Hey babe, are you back already? Why aren’t you snoozing off your jetlag?’
‘I’m not too bad, actually. I reckon I’ve got till mid afternoon before I’ll need starch for my eyelids. Thanks for looking after stuff for me: the plants all seem to be clinging onto life and the pile of mail looks utterly frightening.’
‘Yeah. You sure have a large fan club. You’ll see I left you some spag bol in the fridge and there’s also a new carton of soy.’
‘Aww, Stace. You’re the bestest.’
‘Although beef may be a shock to your system after eating Indian for two months. I still can’t believe you didn’t get sick.’

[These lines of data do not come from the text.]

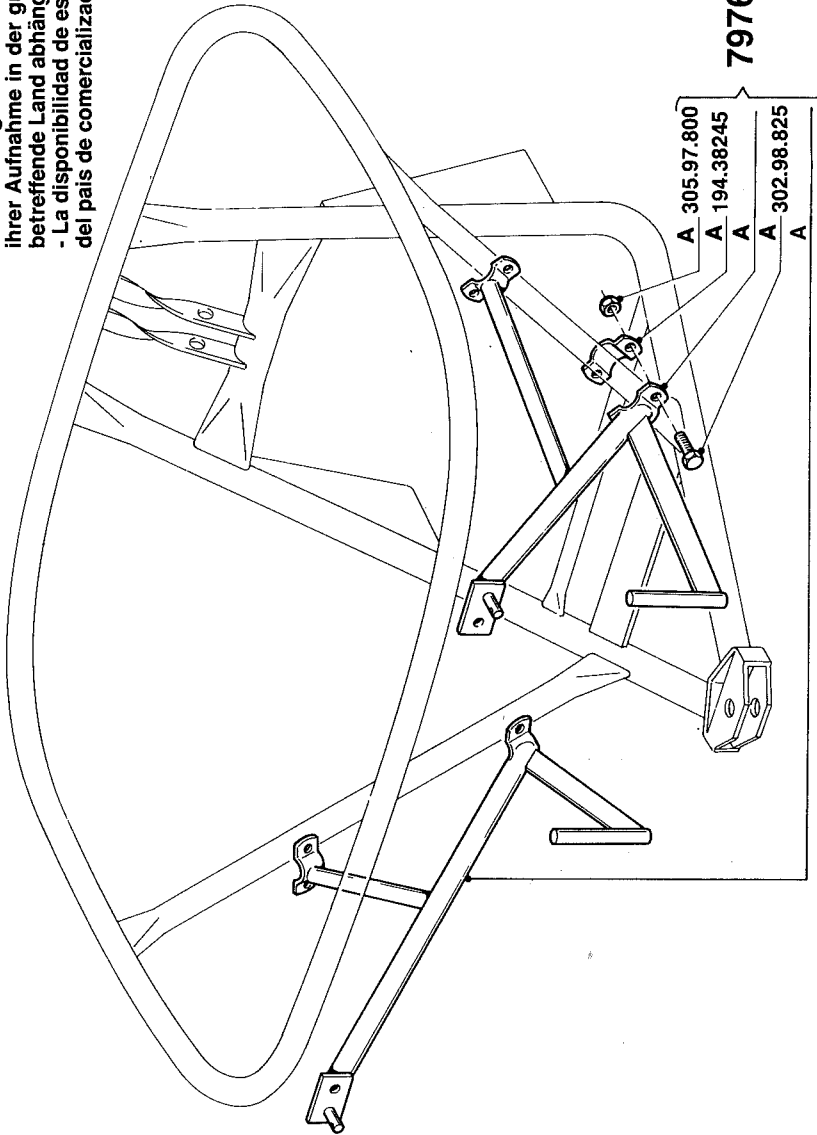

serial number 76112

J3

BUILDING BLOCK 79760021

PS 603/1003

- De beschikbaarheid van dit accessoire is afhankelijk van de vermelding in de lokale machine prijslijst.
- The availability of this accessory is depending on their mention in local retail price list.
- La disponibilité de cet accessoire dépend le pays de commercialisation.
- Die Verfügbarkeit dieser Zubehörteile ist von ihrer Aufnahme in der gültigen Preisliste für das betreffende Land abhängig.
- La disponibilidad de estos accesorios, depende del país de comercialización.

79760021

PS 03

bestelnummer
order number
num. à commander
Bestellnummer

A=797.60021	1
194.38245	4
302.98.825	8
305.97.800	8

8.8-M8x25
8/M8

‘Yarr. So much for the auto diet I was expecting. I should complain and get a refund. I’ve put on another five kilos, I reckon.’
‘You’ve got a lot of bones to cover there, Missy, I’m sure it will be unnoticeable.’
‘But I notice. Particularly when zipping up my jeans causes major organ displacement. I’ll be heading to the pool as soon as I’ve unpacked and stuck a load of washing on.’
‘Okay. Drop me a line on Hangout when you’re ready for action. I could do with some power walking around the park when you’re up for it, and we can catch up on some chin-wagging at the same time.’